• ASSIGNED TASK: Write out the listing below in its entirety, minus the pictures, without changing a word.
PROVIDED ENTRIES section start
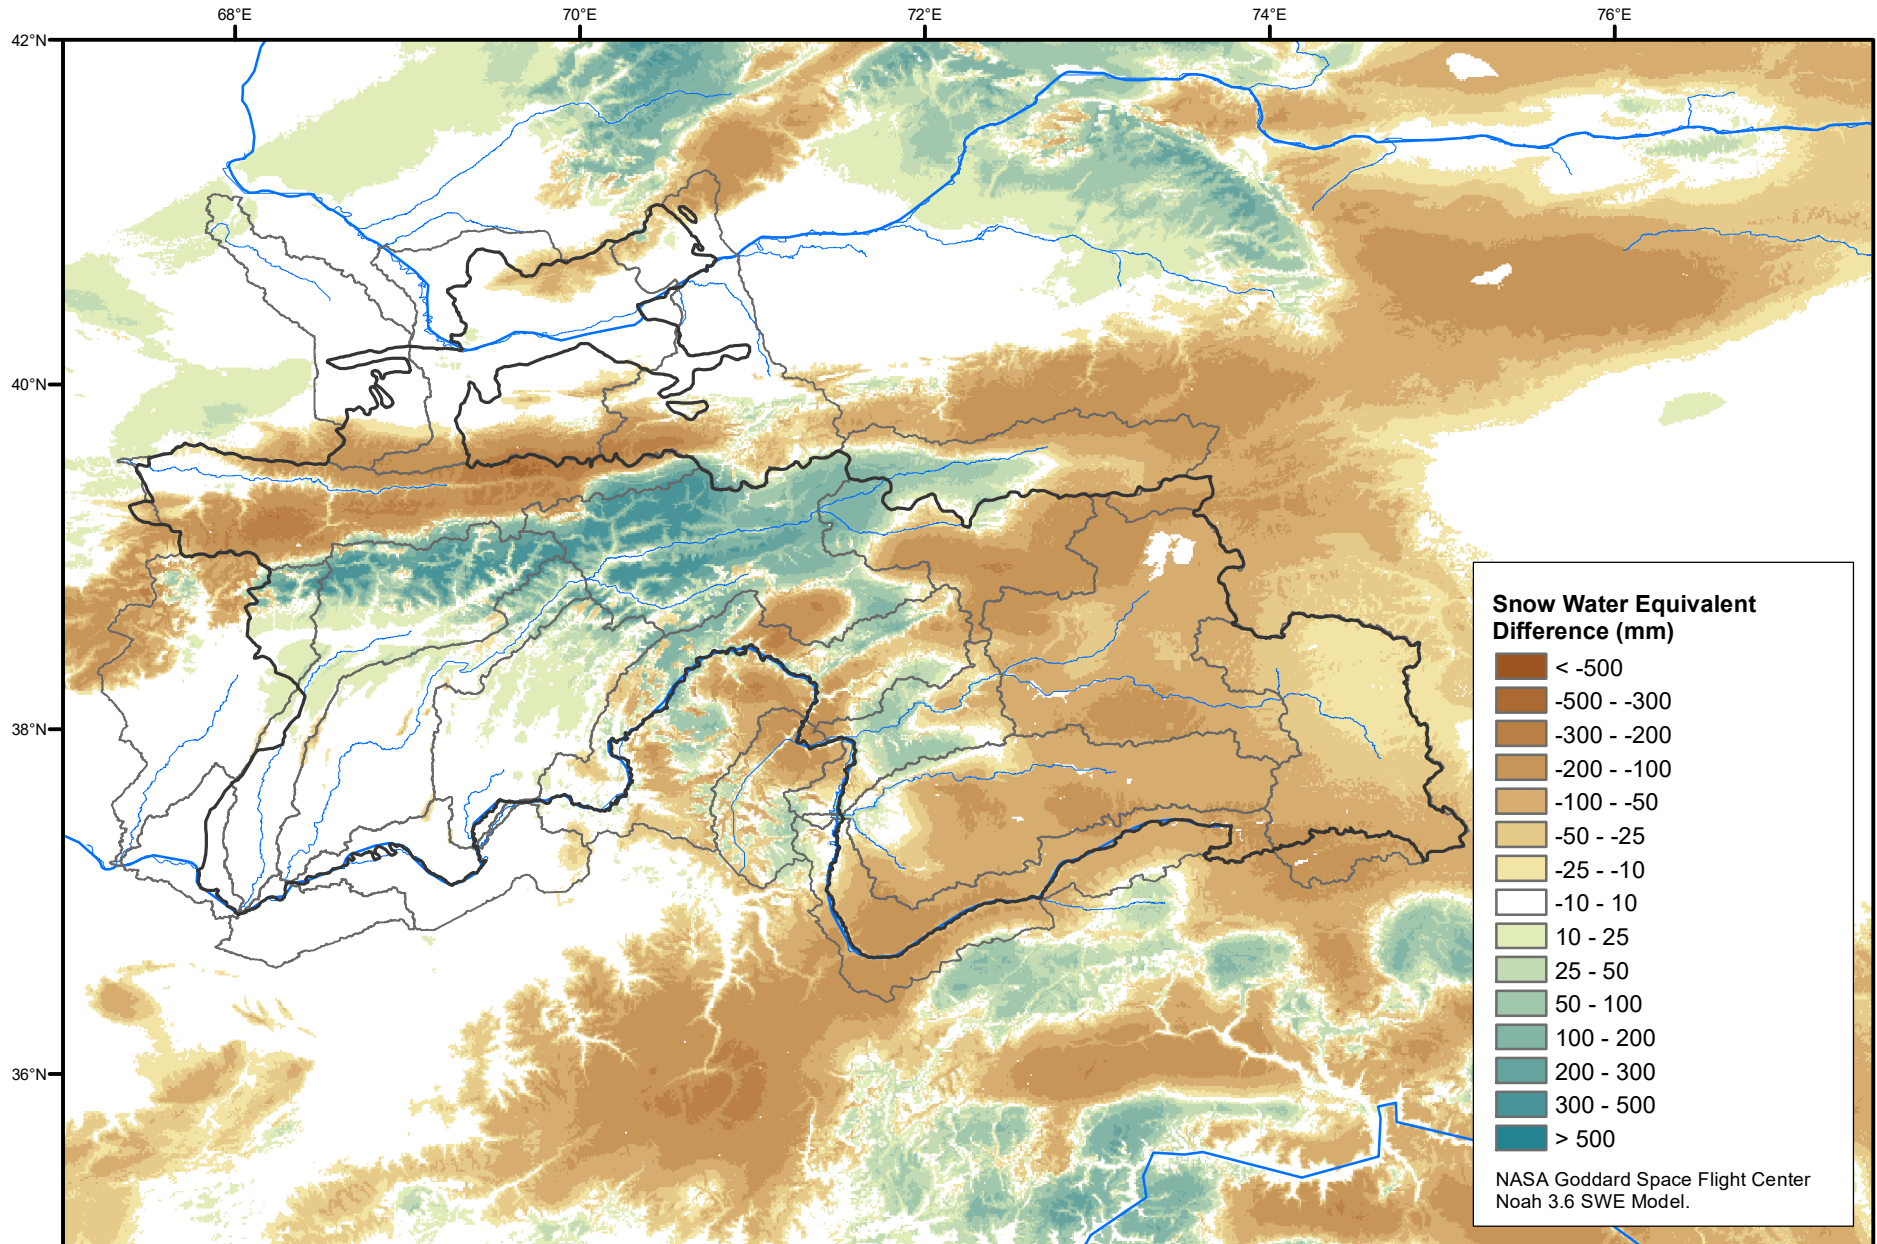

Daily Snow Water Equivalent Difference Anomaly

January 24, 2023 minus Average (2002-2016)

Map created by USGS/EROS
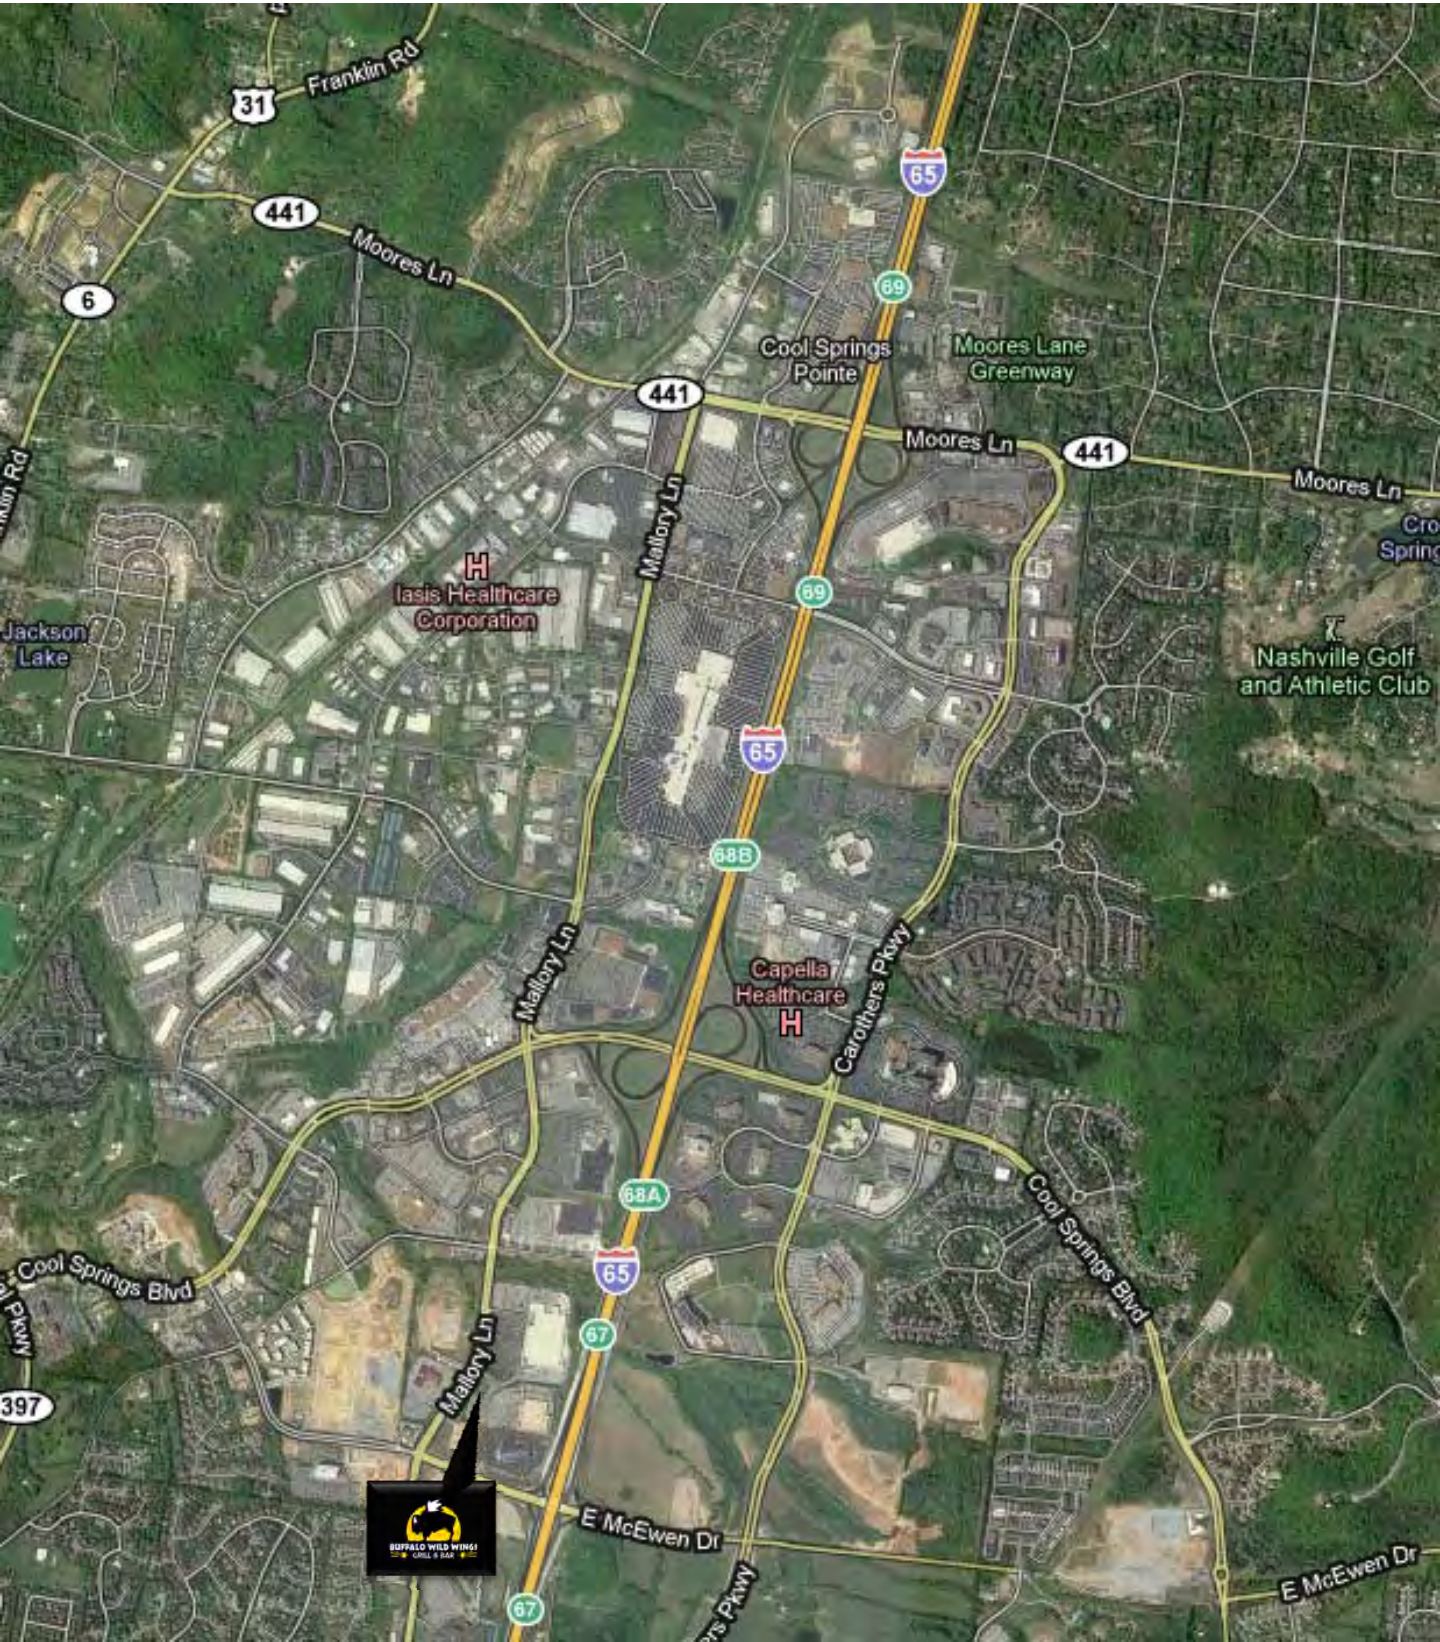

COOL SPRINGS AERIAL

300 Spring Creek Dr, Franklin, TN - Overall Aerial
PROVIDED ENTRIES section end
• EXPECTED ANSWER:
Daily Snow Water Equivalent Difference Anomaly

January 24, 2023 minus Average (2002-2016)

Map created by USGS/EROS

COOL SPRINGS AERIAL

300 Spring Creek Dr, Franklin, TN - Overall Aerial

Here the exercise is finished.